EXERCISE BRIEF: What is needed is a copy of each line in the listing below that contains "Plafon".

EXERCISE DATA:
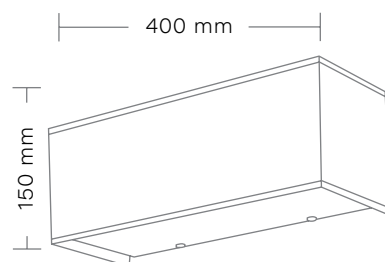

**VIENNA**  
Plafon/Ceiling

TYP	A	B	C	
Plafon/Ceiling P-1	200 mm	400 mm	400 mm	2 x E27 40W
Plafon/Ceiling P-2	160 mm	250 mm	500 mm	2 x E27 40W
Plafon/Ceiling P-3	160 mm	300 mm	500 mm	2 x E27 40W
Plafon/Ceiling P-4	130 mm	250 mm	600 mm	2 x E27 40W

THE ANSWER:
Plafon/Ceiling
Plafon/Ceiling P-1	200 mm	400 mm	400 mm	2 x E27 40W
Plafon/Ceiling P-2	160 mm	250 mm	500 mm	2 x E27 40W
Plafon/Ceiling P-3	160 mm	300 mm	500 mm	2 x E27 40W
Plafon/Ceiling P-4	130 mm	250 mm	600 mm	2 x E27 40W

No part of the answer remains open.